**Instructions to follow:**
Word for word, set down every line of the entries below from the line with "D2L Micro Vetro Accessory" to the line with "The information presented", including both, and no other line.

**Data to process:**
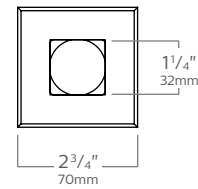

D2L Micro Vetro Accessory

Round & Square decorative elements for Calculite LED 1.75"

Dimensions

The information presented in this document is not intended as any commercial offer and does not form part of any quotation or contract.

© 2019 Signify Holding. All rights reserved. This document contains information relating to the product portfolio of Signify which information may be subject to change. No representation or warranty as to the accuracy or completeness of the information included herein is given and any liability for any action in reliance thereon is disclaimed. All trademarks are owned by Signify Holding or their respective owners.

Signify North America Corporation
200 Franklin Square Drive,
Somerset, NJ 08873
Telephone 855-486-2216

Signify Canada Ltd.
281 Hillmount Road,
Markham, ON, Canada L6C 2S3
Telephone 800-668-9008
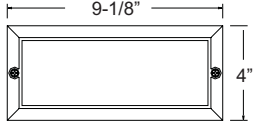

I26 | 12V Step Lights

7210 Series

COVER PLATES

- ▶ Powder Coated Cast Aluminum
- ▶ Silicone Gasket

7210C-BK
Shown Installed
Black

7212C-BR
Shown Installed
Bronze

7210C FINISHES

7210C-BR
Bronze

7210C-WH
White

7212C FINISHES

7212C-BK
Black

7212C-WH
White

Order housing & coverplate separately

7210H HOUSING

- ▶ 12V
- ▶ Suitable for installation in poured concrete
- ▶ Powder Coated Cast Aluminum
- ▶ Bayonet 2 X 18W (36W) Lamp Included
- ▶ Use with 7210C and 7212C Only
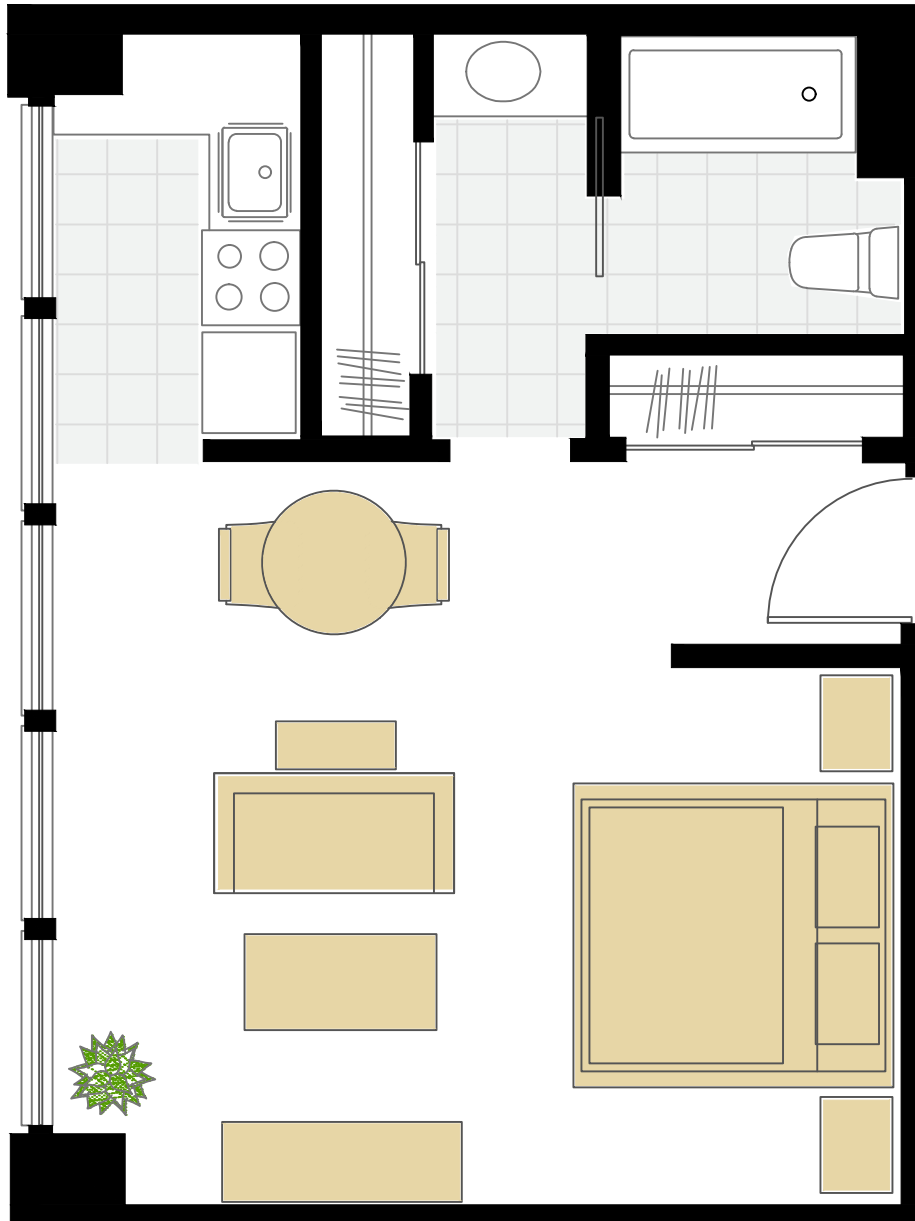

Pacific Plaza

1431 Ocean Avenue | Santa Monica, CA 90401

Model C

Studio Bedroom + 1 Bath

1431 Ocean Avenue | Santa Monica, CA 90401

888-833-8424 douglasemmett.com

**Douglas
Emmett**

...

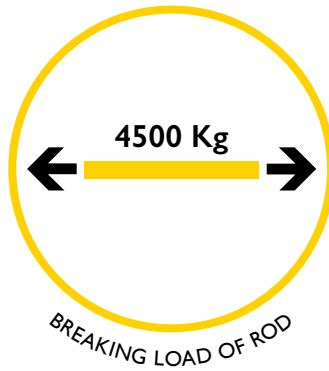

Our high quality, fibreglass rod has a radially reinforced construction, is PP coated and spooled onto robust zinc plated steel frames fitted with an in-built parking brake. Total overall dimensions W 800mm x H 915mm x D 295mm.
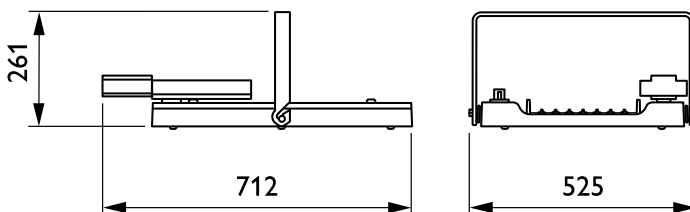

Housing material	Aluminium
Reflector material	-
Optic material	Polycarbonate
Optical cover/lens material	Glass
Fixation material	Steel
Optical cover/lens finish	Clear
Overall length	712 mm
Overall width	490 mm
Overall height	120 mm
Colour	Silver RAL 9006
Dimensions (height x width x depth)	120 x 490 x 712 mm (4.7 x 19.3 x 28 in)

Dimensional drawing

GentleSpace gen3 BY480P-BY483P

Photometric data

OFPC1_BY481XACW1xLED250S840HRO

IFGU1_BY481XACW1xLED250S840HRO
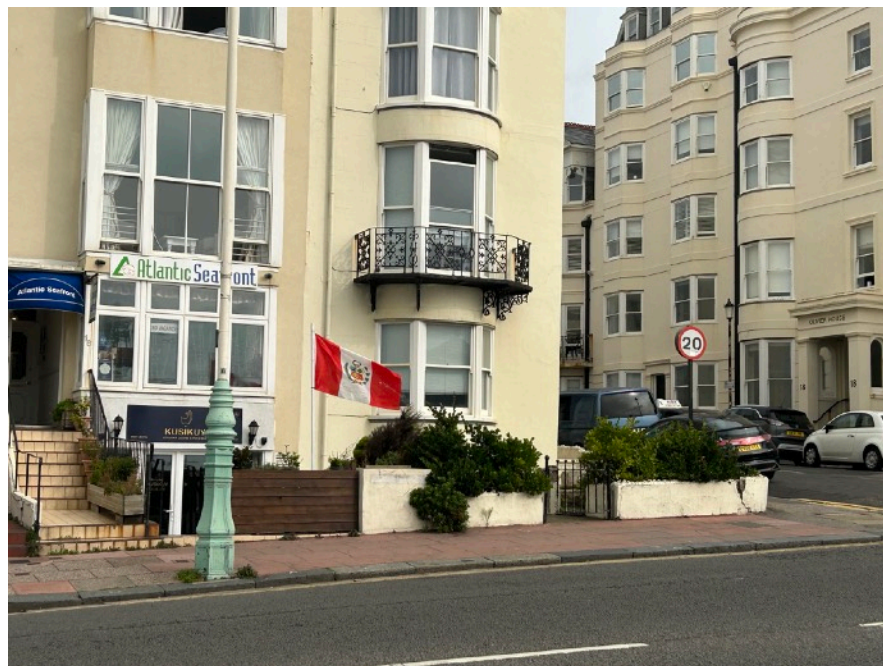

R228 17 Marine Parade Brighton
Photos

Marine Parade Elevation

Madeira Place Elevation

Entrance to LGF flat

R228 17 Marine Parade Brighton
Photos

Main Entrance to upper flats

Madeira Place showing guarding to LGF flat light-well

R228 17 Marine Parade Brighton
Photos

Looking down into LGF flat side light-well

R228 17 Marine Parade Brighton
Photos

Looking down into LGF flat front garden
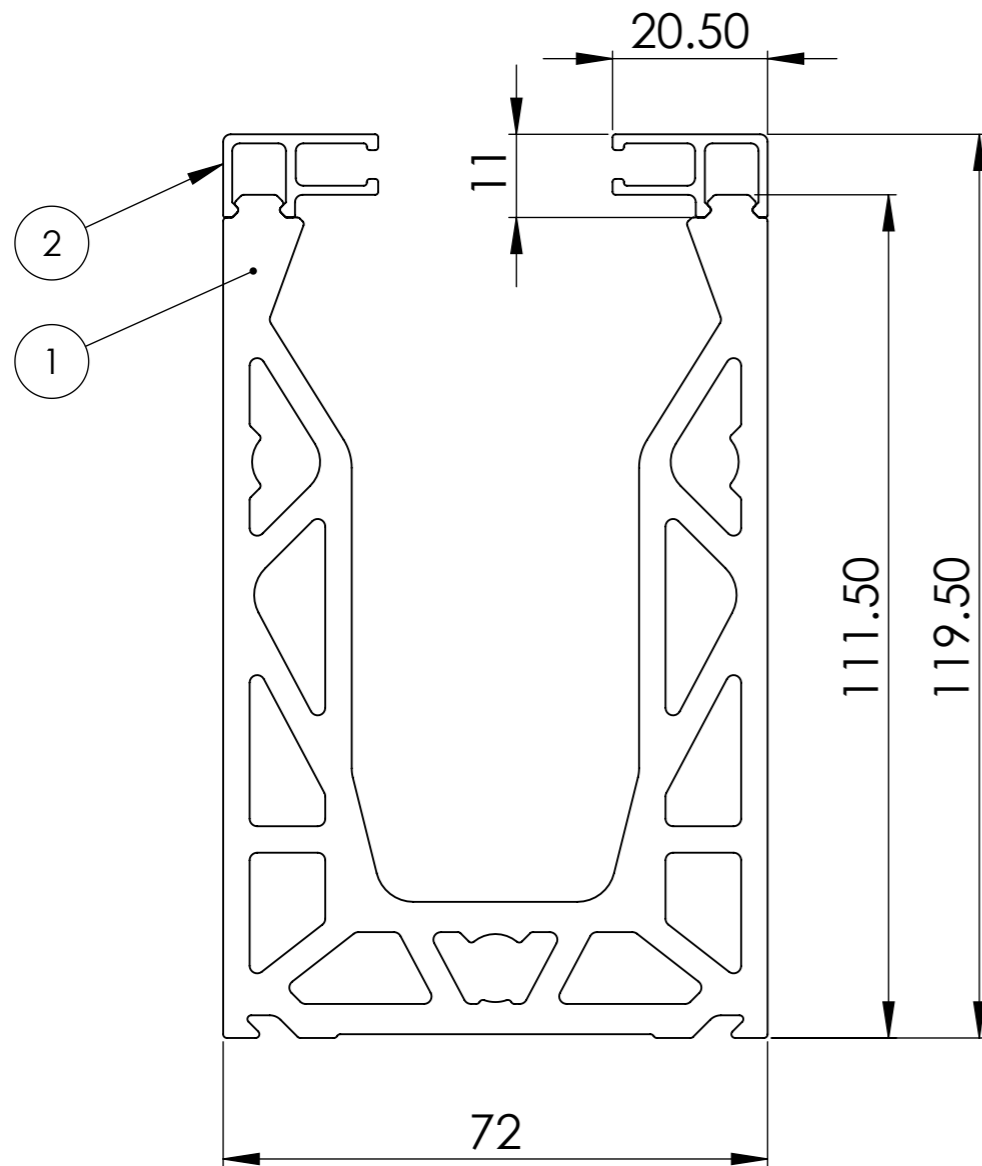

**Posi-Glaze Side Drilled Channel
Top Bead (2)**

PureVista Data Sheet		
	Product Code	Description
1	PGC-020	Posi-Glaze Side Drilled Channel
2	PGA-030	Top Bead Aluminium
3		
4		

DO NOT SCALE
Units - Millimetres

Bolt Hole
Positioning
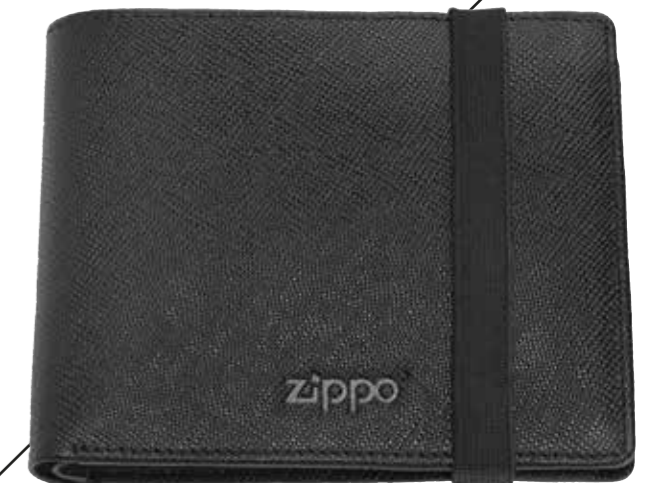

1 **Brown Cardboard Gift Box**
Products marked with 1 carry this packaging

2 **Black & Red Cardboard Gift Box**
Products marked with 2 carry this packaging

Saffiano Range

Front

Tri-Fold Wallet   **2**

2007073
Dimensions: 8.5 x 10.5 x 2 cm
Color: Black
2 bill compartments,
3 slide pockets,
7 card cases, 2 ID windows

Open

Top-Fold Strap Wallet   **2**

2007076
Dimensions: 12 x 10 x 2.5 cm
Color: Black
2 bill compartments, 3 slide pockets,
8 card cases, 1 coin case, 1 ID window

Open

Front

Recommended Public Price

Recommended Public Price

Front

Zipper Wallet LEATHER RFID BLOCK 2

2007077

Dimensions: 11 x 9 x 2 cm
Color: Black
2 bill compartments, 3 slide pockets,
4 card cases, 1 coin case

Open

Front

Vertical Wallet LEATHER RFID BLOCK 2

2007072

* * *

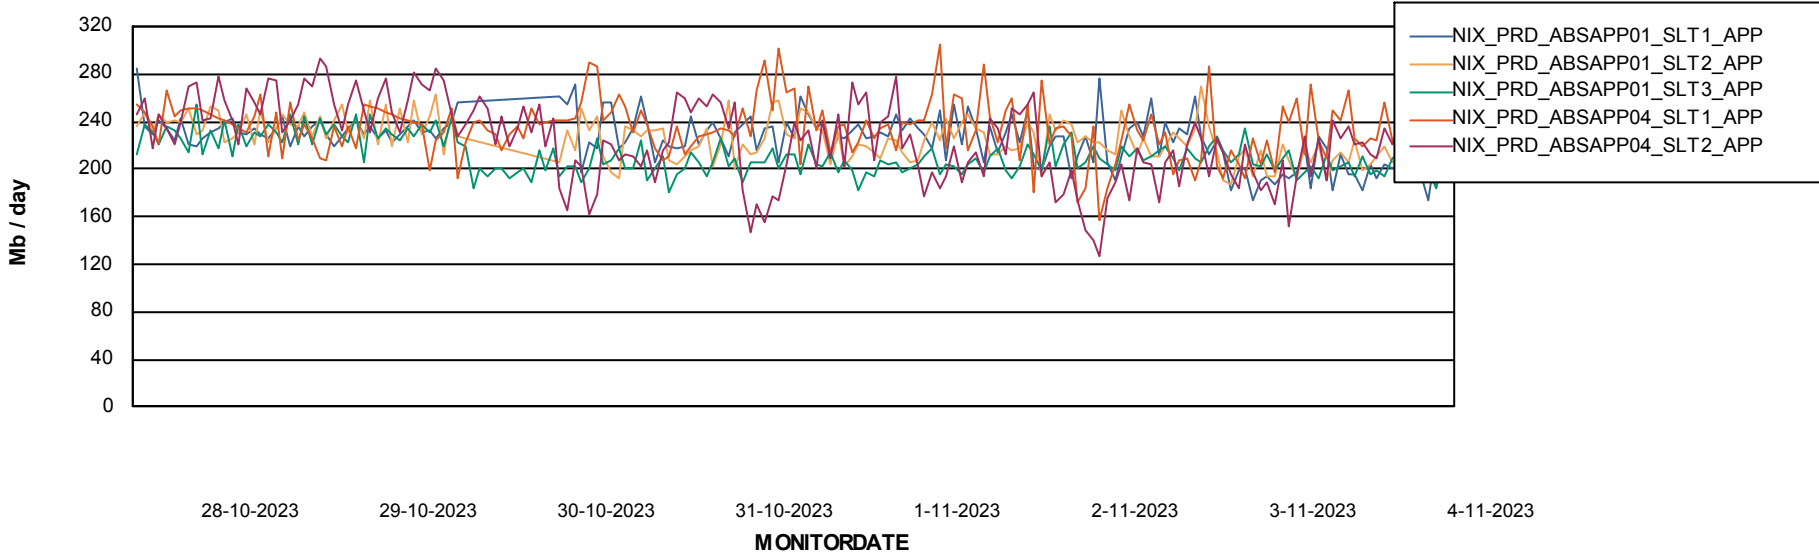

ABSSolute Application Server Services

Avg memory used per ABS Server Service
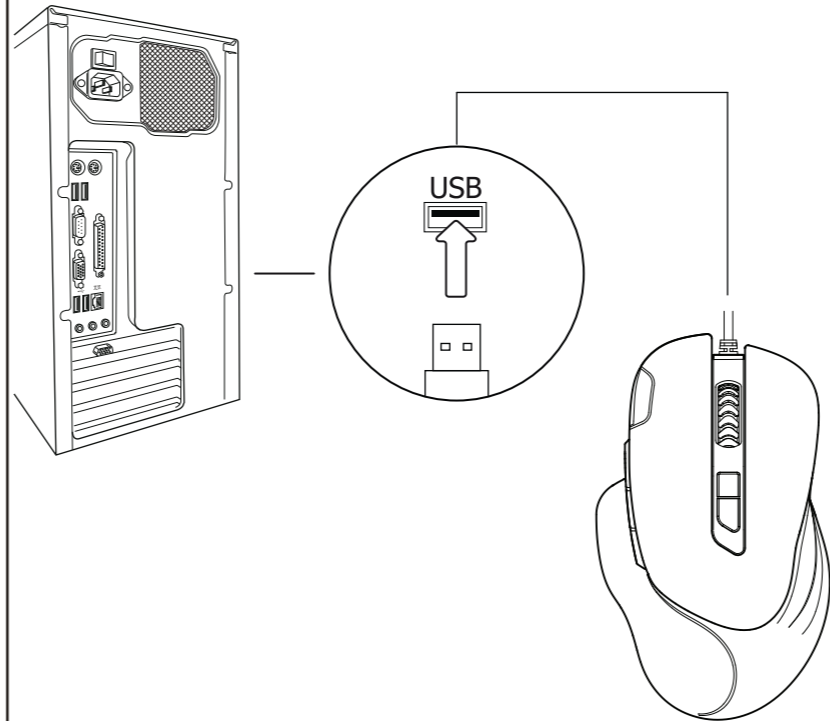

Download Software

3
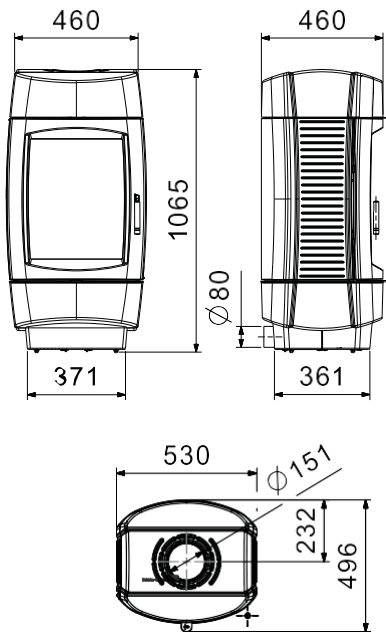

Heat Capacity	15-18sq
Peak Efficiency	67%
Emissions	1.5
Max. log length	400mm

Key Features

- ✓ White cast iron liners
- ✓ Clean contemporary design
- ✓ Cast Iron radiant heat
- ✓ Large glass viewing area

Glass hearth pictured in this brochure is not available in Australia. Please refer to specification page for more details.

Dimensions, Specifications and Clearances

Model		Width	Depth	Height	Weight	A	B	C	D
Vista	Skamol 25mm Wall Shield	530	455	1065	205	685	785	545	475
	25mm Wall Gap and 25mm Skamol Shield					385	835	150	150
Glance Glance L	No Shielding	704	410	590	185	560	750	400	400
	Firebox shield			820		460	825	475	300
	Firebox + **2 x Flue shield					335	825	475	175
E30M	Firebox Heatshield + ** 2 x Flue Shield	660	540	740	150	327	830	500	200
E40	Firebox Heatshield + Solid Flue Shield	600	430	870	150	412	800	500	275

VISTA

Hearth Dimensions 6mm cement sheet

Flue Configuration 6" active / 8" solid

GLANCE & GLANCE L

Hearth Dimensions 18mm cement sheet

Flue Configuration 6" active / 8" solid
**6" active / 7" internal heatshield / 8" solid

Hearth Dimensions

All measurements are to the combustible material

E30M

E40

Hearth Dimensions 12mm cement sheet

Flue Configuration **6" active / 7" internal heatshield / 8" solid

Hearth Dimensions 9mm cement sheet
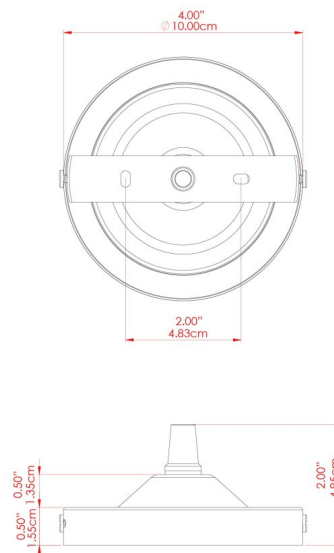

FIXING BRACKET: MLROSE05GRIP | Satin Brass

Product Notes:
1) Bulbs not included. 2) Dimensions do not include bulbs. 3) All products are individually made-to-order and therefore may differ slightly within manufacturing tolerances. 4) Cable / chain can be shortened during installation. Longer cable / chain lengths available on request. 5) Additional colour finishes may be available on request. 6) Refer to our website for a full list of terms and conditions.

**Result:**
D2L Micro Vetro Accessory

Round & Square decorative elements for Calculite LED 1.75"

Dimensions

The information presented in this document is not intended as any commercial offer and does not form part of any quotation or contract.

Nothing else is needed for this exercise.